Working with 6 cancer registries within England and numerous hospitals in the region, a population-based cohort of men diagnosed with prostate cancer between 1990 and 1996 was constructed. All men had baseline serum prostate-specific antigen (PSA) measurements, centralized pathologic grading, and centralized review of clinical stage assignment. Based on the clinical and pathologic data from 1911 men, a statistical model was developed and validated that served as the basis for the nomogram. The discrimination and calibration of the nomogram were assessed with use of one-third of the men, who were omitted from modeling and used as a test sample.

RESULTS.

The median age of the included men was 70.4 years. The 25th and 75th percentiles of PSA were 7.3 and 32.6 ng/mL respectively, and the median was 15.4 ng/mL. Forty-two percent of the men had high-grade disease. The nomogram predicted well, with a concordance index of 0.73, and had good calibration.

CONCLUSIONS.

An accurate tool was developed for predicting the probability that a man with clinically localized prostate cancer will survive his disease for 120 months if the cancer is not treated with curative intent immediately. The tool should be helpful for patient counseling and clinical trial design. Cancer 2008. © 2007 American Cancer Society.

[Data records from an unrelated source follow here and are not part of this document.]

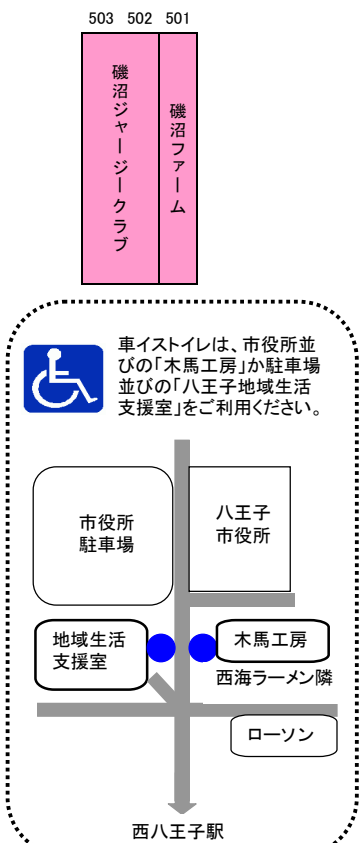

みんなちがってみんないい 2010 会場配置図

スペースの都合で、グループ名を簡略化しておりますことをご了承ください

浅川 RIVER

西ステージ

430	P u l e m y u
429	アンデス・アルテ
428	ブービー工房
427	スタジオ めんさん
426	井上ヤスミチ
425	E L C O C O C H O
424	ヒマラヤン マテリアル
423	ぶんぶん堂
422	ことぶき屋
421	
420	八王子・日野はり灸マッサージ
419	ONE
418	チェレンガン
417	m a k i r a s
416	V A L L E Y O F F L O W E R S
415	ヒマラヤン ナチュラル

414	カフェレイラ
413	ディアダハラ
412	ゴーヤングリダ
411	友の会
410	中国北方料理
409	

408	p h o o c h a
407	o l d i y e t i n e w
406	トシユカ
405	石井つねき
404	クブクブ
403	z a k k a A s i a n P l a n e t
402	N O K K O
401	カブカブ

飲食出店 (ピンク)

物販出店 (白)

羊の毛刈り (ミニ牧場)

503	磯沼ジャーティークラブ
502	磯沼ファーム
501	
316	ドネルケバブ
315	P O T K H O R I
314	インド料理 ラニー
313	共働事業所 あいあむ
312	菊池仁美
311	スタンディングケバブ
310	北 味
309	マハラニ
308	タイレストラン リナ
307	P O T K H O R I
306	本部出店 (ドリンク)
305	フルコスト
304	結の会
303	農家のお店 風の畑
302	グルヌイユ
301	ゆいまーる生活館

216	リユース食器
215	S I P A R K
214	リユース食器
213	ブラジレイラ
212	共働事業所 あいあむ
211	クントゥール・ペル
210	北 味
209	マハラニ
208	タイレストラン リナ
207	P O T K H O R I
206	本部 (ごみステーション)
205	本部出店 (パンフ・福引)
204	DOMA
203	結の会
202	農家のお店 風の畑
201	ゆいまーる生活館

212	リユース食器
211	共働事業所 あいあむ
210	クントゥール・ペル
209	北 味
208	マハラニ
207	タイレストラン リナ
206	P O T K H O R I
205	本部 (ごみステーション)
204	本部出店 (パンフ・福引)
203	DOMA
202	結の会
201	農家のお店 風の畑

124	cinaiciiya
123	P O T K H O R I
122	P O T K H O R I
121	リユース食器
120	S a g a a m a t h a
119	とうふ豆っ八
118	カスピアンスター
117	P O T K H O R I
116	くらしとこころ
115	八王子での朝鮮学校への助成金を実現する会
114	八王子での朝鮮学校への助成金を実現する会
113	みなづきの仲間
112	
111	八王子視覚障害者福祉協会
110	ぎんなんの家
109	富士森の家
108	オーブンスペース本郷町
107	いつぽの会
106	グループG
105	木馬工房
104	木火土金水のおすそわけ
103	ケグリ

102	本部
101	

東ステージ

It is difficult to counsel men who are interested in delaying or avoiding aggressive treatment of clinically localized prostate cancer because their outcomes are so highly variable. Whereas most such men would likely not die of their cancer, some would, and these groups are difficult to distinguish at the time of diagnosis. As such, the men who opt for no definitive treatment of their prostate cancer must deal with vast uncertainty, and may later experience regret about their treatment choice.

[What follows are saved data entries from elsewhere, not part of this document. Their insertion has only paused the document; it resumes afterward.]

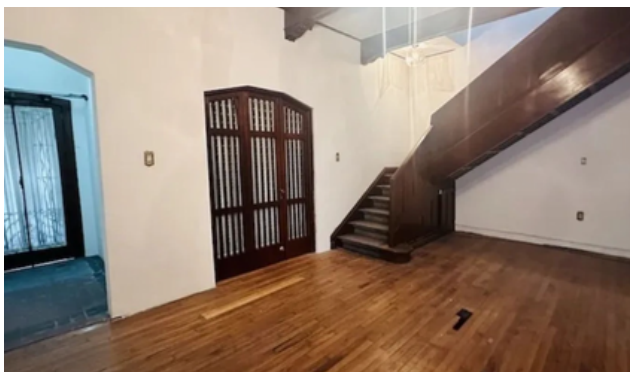

CAPITALINKS

CL1133

CASA DE LUJO

EN VENTA

CASA UBICADA A 50 METROS DEL PARQUE MÉXICO

PRECIO	\$24,000,000
TERRENO	180 m ²
CONSTRUCCIÓN	325 m ²

Hipódromo, CDMX

USO DE SUELO

Outcome prediction models for watchful waiting are rare relative to those available for aggressive therapies such as surgery or radiation therapy. Albertsen et al.1, 2 developed a series of graphs that illustrate disease-specific survival for men based on age, tumor grade, and comorbidity. The accuracy of these graphs is unclear (ie, their discrimination and calibration): they are only for men aged 55–75 and they do not incorporate prostate-specific antigen (PSA), an important predictor of disease progression after surgery or radiation.3, 4 Tewari et al.5 produced prediction tables that can be applied to men treated with watchful waiting. However, the calibration of these predictions is unknown, and only 467 men in their dataset were treated with watchful waiting.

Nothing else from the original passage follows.